SUPPLIED ENTRIES —
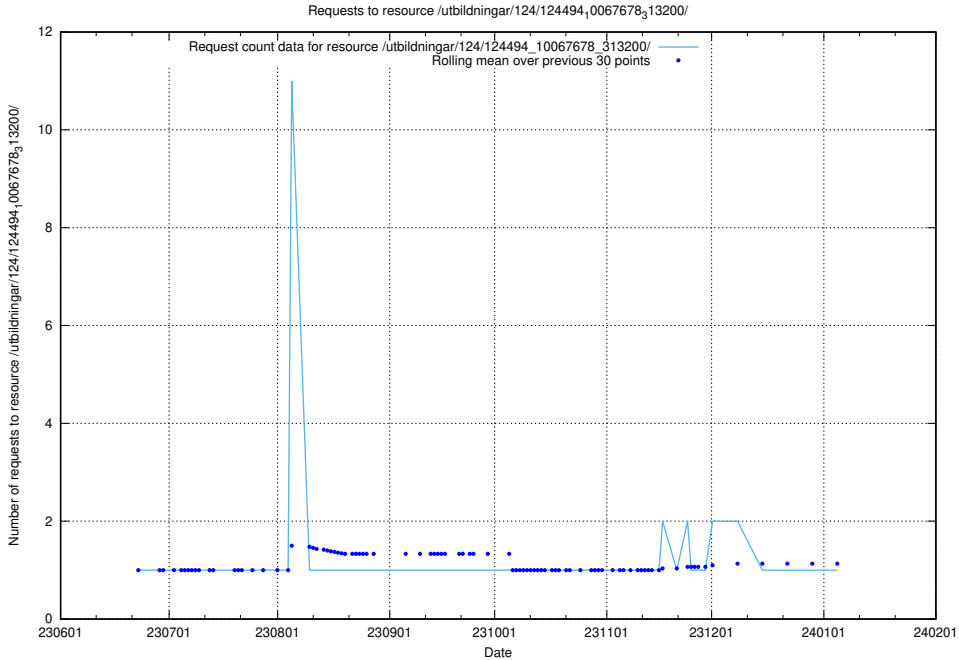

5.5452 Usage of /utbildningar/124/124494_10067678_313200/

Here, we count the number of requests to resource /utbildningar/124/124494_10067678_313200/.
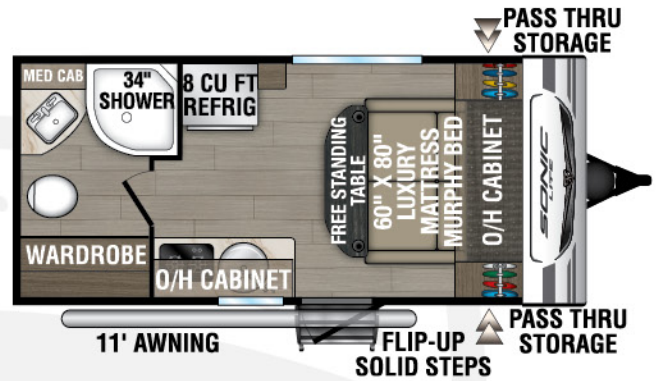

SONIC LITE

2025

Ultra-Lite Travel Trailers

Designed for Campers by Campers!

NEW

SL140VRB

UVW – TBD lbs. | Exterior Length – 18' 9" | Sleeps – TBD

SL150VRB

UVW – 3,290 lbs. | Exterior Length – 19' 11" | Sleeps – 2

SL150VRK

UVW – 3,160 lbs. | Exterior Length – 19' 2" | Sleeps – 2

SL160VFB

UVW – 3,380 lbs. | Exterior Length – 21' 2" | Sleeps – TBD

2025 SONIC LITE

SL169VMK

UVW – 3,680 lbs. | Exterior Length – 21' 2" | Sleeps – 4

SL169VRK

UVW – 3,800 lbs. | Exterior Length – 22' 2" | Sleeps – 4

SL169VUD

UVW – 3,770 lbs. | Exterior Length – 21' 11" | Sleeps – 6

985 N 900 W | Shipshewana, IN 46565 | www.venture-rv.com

...

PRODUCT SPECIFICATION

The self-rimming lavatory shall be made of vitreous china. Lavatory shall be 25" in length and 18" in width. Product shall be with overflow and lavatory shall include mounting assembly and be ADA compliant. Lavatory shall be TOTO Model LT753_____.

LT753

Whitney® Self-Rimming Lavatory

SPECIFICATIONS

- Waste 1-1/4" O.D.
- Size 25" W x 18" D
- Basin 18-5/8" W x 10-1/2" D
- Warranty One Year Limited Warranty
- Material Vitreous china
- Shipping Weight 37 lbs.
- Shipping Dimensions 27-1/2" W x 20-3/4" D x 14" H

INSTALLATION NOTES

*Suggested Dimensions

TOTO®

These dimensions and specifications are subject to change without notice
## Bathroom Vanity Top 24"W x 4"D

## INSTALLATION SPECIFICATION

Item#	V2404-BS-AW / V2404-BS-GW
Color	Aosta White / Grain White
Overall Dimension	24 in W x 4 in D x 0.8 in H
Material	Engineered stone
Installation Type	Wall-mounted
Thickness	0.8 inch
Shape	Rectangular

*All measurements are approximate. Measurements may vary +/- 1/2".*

==

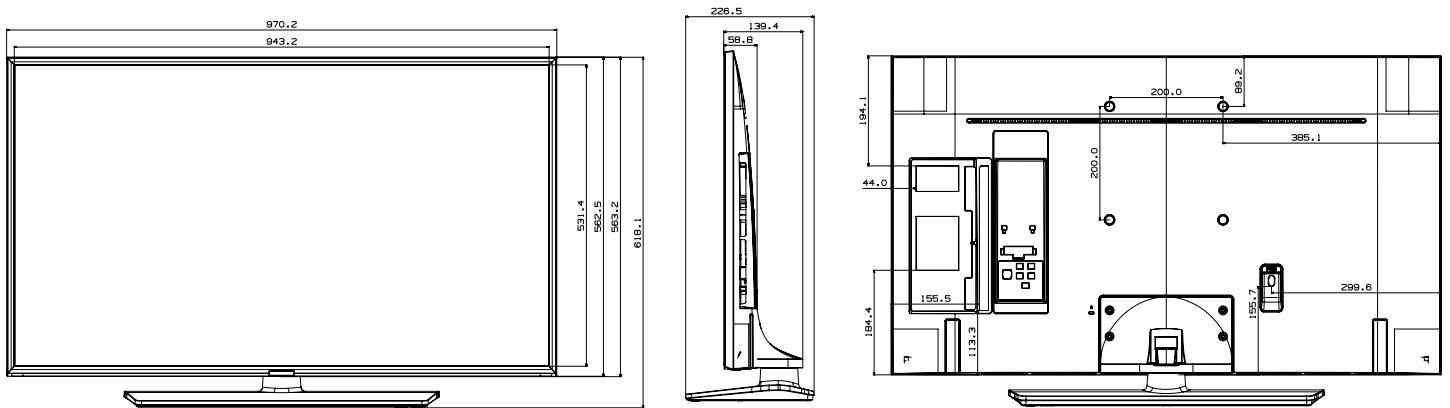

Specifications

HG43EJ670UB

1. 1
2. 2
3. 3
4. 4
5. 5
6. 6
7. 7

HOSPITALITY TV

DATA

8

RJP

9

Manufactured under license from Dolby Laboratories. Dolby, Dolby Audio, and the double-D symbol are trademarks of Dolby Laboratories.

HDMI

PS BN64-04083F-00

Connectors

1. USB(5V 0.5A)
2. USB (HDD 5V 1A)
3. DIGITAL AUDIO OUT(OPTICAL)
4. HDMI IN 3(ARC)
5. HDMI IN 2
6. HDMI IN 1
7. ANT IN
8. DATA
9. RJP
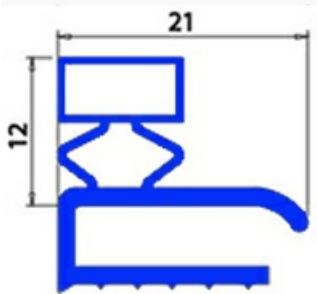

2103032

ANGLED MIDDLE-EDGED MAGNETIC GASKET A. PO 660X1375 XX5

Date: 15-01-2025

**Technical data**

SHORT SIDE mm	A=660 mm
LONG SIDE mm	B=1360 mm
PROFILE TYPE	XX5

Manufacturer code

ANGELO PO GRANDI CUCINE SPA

WORK REQUIRED —
What is the number of lines in these records that contain "Sleeps"? Reply with the number only.

TASK RESPONSE —
7